“インカレ” での激闘を経て
日本のソフトボールの中で最も歴史と伝統があり、権威のある大会 “全日本総合女子ソフトボール選手権(以下、全日本総合)”。佐賀県の太良町、白石町を会場に全国から集まった強豪32チームが “日本一のチーム” の称号をかけて激突した9月16日(土)~19日(火)。
参加チームには、世界屈指のレベルを誇る国内のトップリーグ・JDリーグに所属する16チームに加え、12チームの大学ソフトボール部の姿も見られます。遡ること1ヶ月弱、8月25日(金)~28日(月)にかけて愛知県安城市で開催された、大学ソフトボールのメインイベント・全日本大学女子選手権(以下、インカレ)で死力を尽くして戦ったばかりの12チームが、JDリーグのチームを相手にどのような戦いを見せてくれるのか。
4年生から見れば、大学最後の激闘を経て再び訪れた真剣勝負の舞台。監督や下級生から見れば、4年生と一緒にグラウンドに立つ思い出の試合となる一方、新チームの腕試しも兼ねた重要な舞台。
インカレを終えて間もない、選手やスタッフの皆さんはどういった気持ちで日本一を決める全日本総合に臨んでいるのか?とても興味のあるところです。一方で、負けたら終わりのノックアウトラウンドでの一戦ですので、JDリーグのチームもミスは許されません。この緊張感ある試合で “迎え撃つ” 心境はいかなるものなのか?どちらも気になるところです。
宇津木イズムで旋風を
関東ブロック3枠のひとつを勝ち取り、全日本総合に出場したのは埼玉県の川越市と坂戸市を中心に東京都豊島区の池袋にもキャンパスを構える東京国際大学。

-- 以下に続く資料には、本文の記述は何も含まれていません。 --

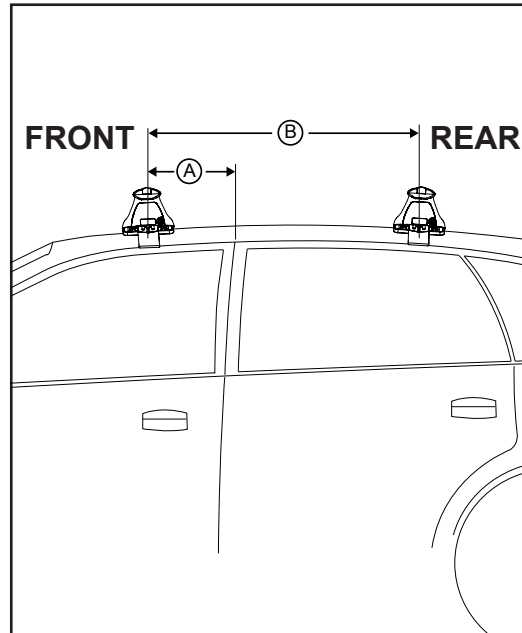

IDENTIFICATION CHART

VA crossbar

EURO crossbar

HD crossbar

FRONT CROSSBAR

REAR CROSSBAR

Vehicle	Date	Crossbar	FRONT CROSSBAR					REAR CROSSBAR						
			Front Right Pad/ Clamp	Front Left Pad/ Clamp	Measurement strip length per side	Measurement strip length per side	Measurement Distance (x)	Foot plate arrow direction	Rear Right Pad/ Clamp	Rear Left Pad/ Clamp	Measurement strip length per side	Measurement strip length per side	Measurement Distance (x)	Foot plate arrow direction
Audi A8L 4dr sedan 4H	2010-	1260mm	M415 SUB0148	M414 SUB0148	184mm	71mm	1016mm / 40"	OUT	M414 SUB0197	M415 SUB0197	179mm	66mm	1006mm / 39,39/64"	OUT
			Arrow OUT						Arrow OUT					

DK314 Rhino-Rack VA, Euro & HD crossbar instruction

CONTROLLED

Measurement A: CENTRE of door jamb to CENTRE arrow of leg foot plate.

Measurement B: CENTRE of Front leg foot plate arrow to CENTRE of Rear leg foot plate arrow.

Pad M414 Front Left. Arrow out.
Pad M415 Front Right. Arrow out.
Pad M415 Rear Left. Arrow out.
Pad M414 Rear Right. Arrow out.

VEHICLE	Date	Measurement A	Measurement B	Load Rating Up to (includes racks 5kg/ 11lbs)
Audi A8L 4dr sedan 4H	2010-	220mm / 8,21/32"	750mm / 29,17/32"	75kg / 165lbs
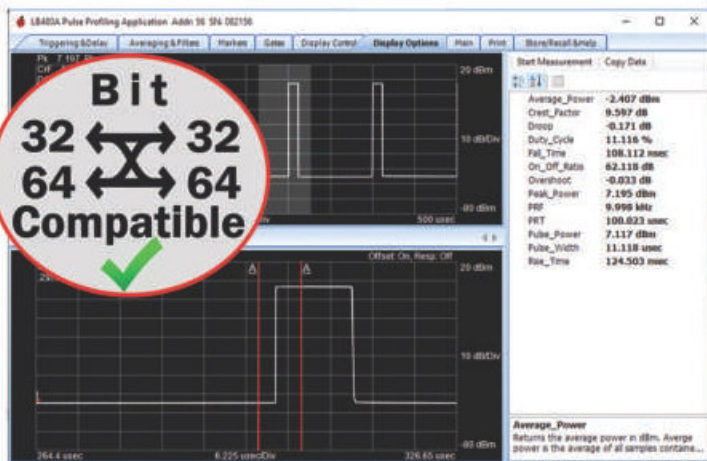

Continuous Measurements With No Drift

LB680A Power Sensor

Newly Updated - Better than Ever!

- Reliable Proven Hardware, Accurate & Fast
- Forward *and* Backward Version Compatibility
- New Drivers for Future Windows Compatibility
- Includes Software, Support Code & ATE Drivers
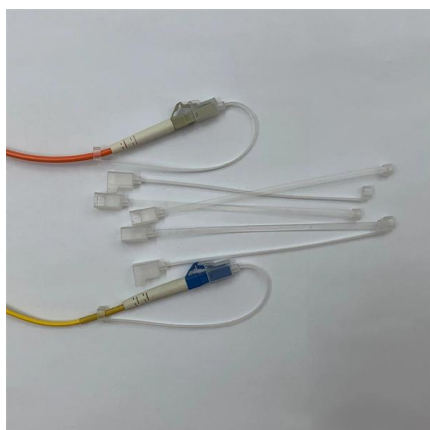

Intelligent Power - MFB - Designers and Manufacturers

Australia's largest PDU manufacturer introduces Intelligent Power®, adding the most extensive range of rack power options available today. Delivering greater

ソフトボール界のレジェンド、“速射ノック” で高い守備力と強靱な精神力を養い、2000年のオリンピック・シドニー大会で銀メダル、2004年のオリンピック・アテネ大会で銅メダルを獲得した “宇津木ジャパン” の監督こと、宇津木 妙子さんが総監督を務められているのが東京国際大学ソフトボール部なのです。

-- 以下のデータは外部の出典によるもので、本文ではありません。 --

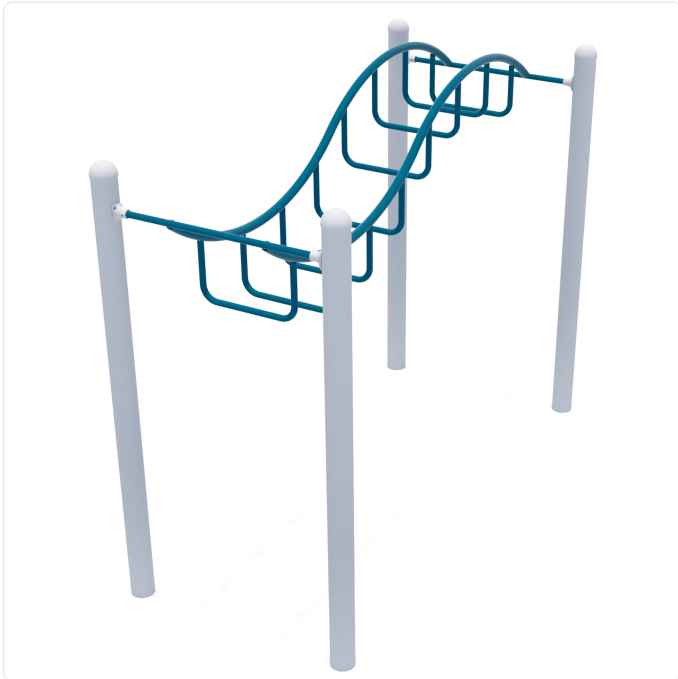

# Undulator

## OVERVIEW

With rungs that rise and fall in a wave-like pattern, the Undulator overhead component keeps users moving and adapting as they travel across. The changing height adds variety and a playful rhythm to the experience.

## SPECIFICATIONS

<b>Age Range</b>	5-12yr
<b>Type of Play</b>	physical
<b>Features</b>	fixed handholds; hand-over-hand brachiating
<b>Motor Skills</b>	agility; hand-eye coordination; motor planning; upper body strength
<b>Sensory</b>	spatial awareness
<b>Materials</b>	powder-coated steel; stainless steel hardware
<b>Colour Options</b>	available in various colour schemes

実は、宇津木さんが8月に岐阜県飛騨市神岡町で開催したソフトボール普及活動を取材したJournal-ONE編集部。そこで、神岡町でソフトボールに出会い、宇津木さんの活動に感化され、現在 “宇津木イズム” を学ぶべく東京国際大学ソフトボール部で日々練習に励んでいるひとりの選手とお会いしたのです!このご縁を大事にしようと、全日本総合に出場する東京国際大学を取材することにした訳なのです。
開会式で早速ご挨拶をさせていただいた黒川 春華監督も、“宇津木イズム” を継承する名指導者!昨シーズンまで、JDリーグの初代女王・ビックカメラ高崎ビークイーンでコーチをしていた黒川監督は、選手としてもこの全日本総合で9回も優勝している名選手なのです。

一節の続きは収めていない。